■ **ASSIGNED TASK**:
Return exactly those lines of the material that fall between the line with "End 9 ● JPN" and the final line, both included.

■ **MATERIAL PROVIDED**:

· · · · · · ·

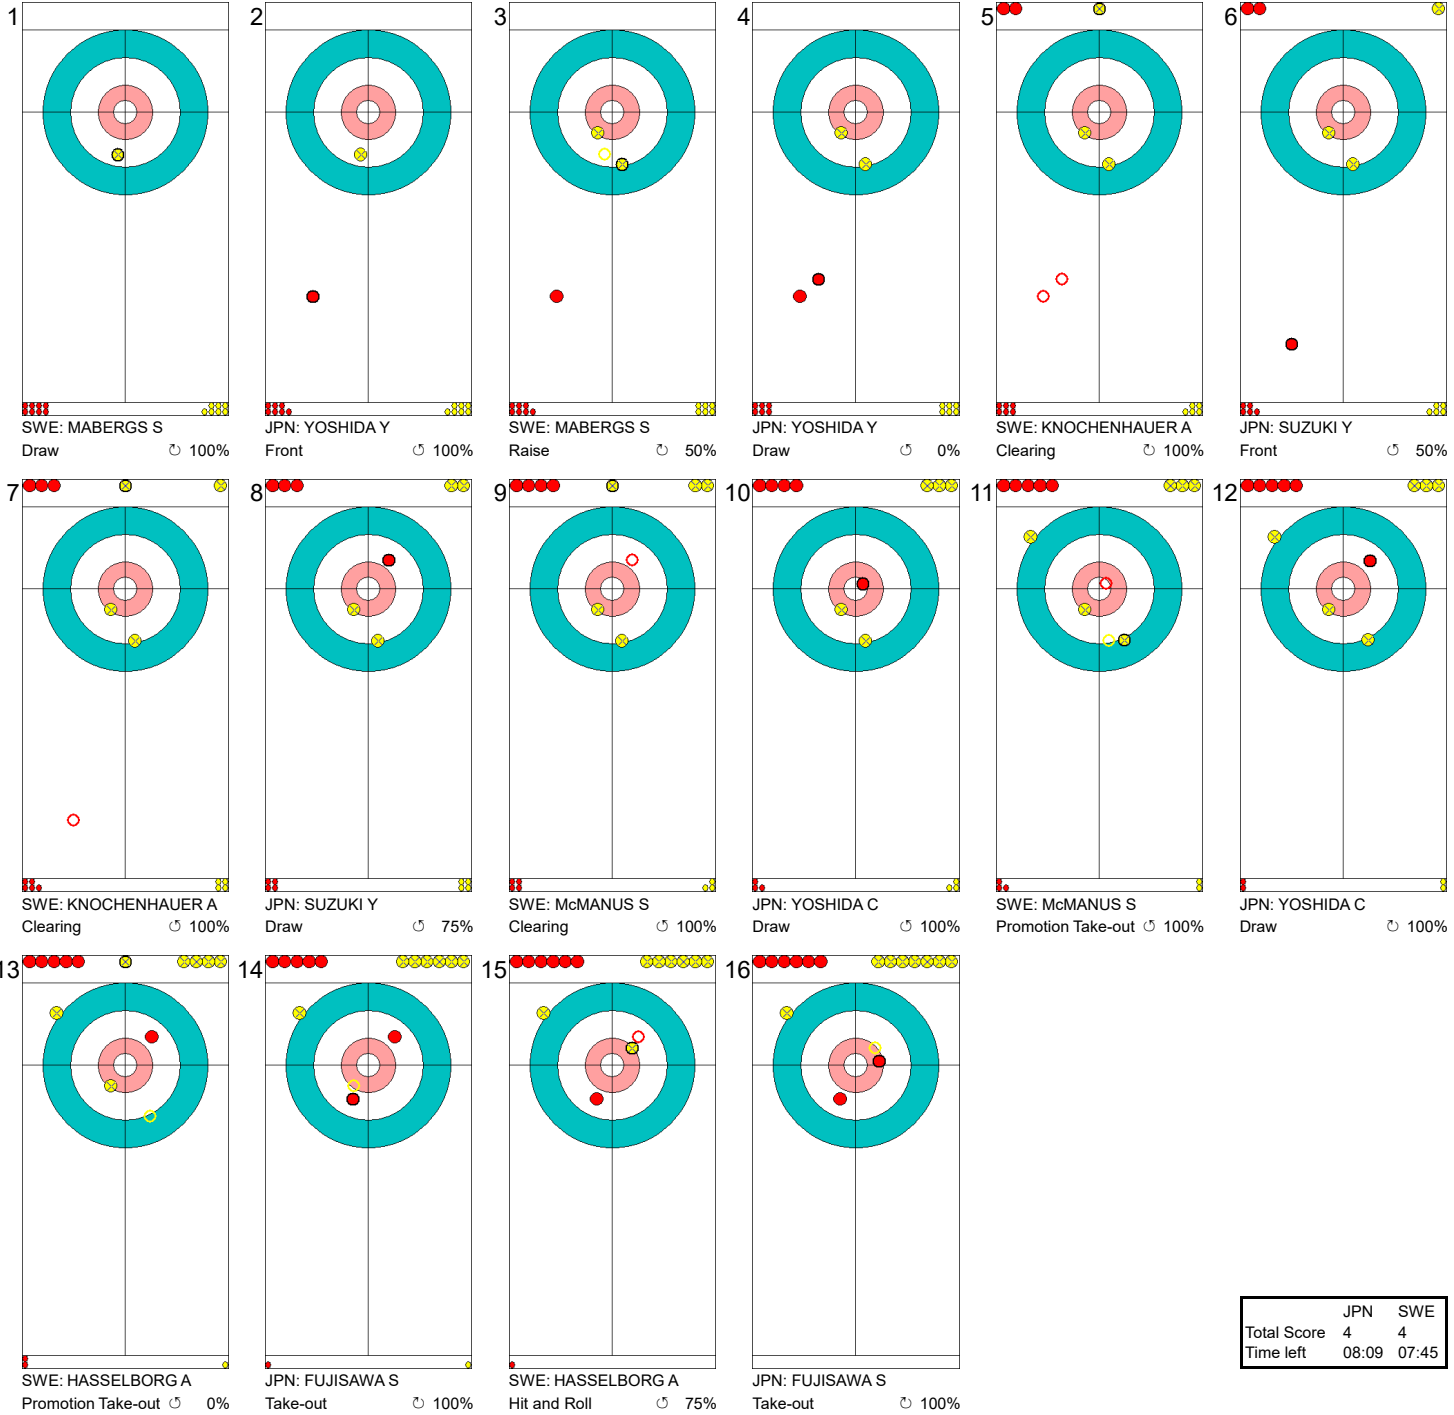

Round Robin Session 9 - Sheet D

예선 세션 9 - 선로 D / Round robin, session 9 - Piste D

Game - Shot by Shot

경기별 슛 기록 / Déroulement de la partie

Legend:
 ↻ Clockwise ↺ Counter-clockwise - Not considered

Gangneung Curling Centre

Round Robin Session 9 - Sheet D

예선 세션 9 - 선로 D / Round robin, session 9 - Piste D

Game - Shot by Shot

경기별 슛 기록 / Déroulement de la partie

End 8 **JPN - Japan 2 + 0 (this end) = 2** **SWE - Sweden 3 + 1 (this end) = 4**

	JPN	SWE
Total Score	2	4
Time left	11:39	11:11

Legend:
 Clockwise Counter-clockwise - Not considered

Game - Shot by Shot

경기별 슛 기록 / Déroulement de la partie

End 9 ● JPN - Japan 2 + 2 (this end) = 4 ● SWE - Sweden 4 + 0 (this end) = 4

	JPN	SWE
Total Score	4	4
Time left	08:09	07:45

Legend:
 ↻ Clockwise ↺ Counter-clockwise - Not considered

Game - Shot by Shot

경기별 슛 기록 / Déroulement de la partie

End 10 **JPN - Japan 4 + 1 (this end) = 5** **SWE - Sweden 4 + 0 (this end) = 4**

· · · · · · ·

■ **REPLY TO THE TASK**:
End 9 ● JPN - Japan 2 + 2 (this end) = 4 ● SWE - Sweden 4 + 0 (this end) = 4

	JPN	SWE
Total Score	4	4
Time left	08:09	07:45

Legend:
 ↻ Clockwise ↺ Counter-clockwise - Not considered

Game - Shot by Shot

경기별 슛 기록 / Déroulement de la partie

End 10 **JPN - Japan 4 + 1 (this end) = 5** **SWE - Sweden 4 + 0 (this end) = 4**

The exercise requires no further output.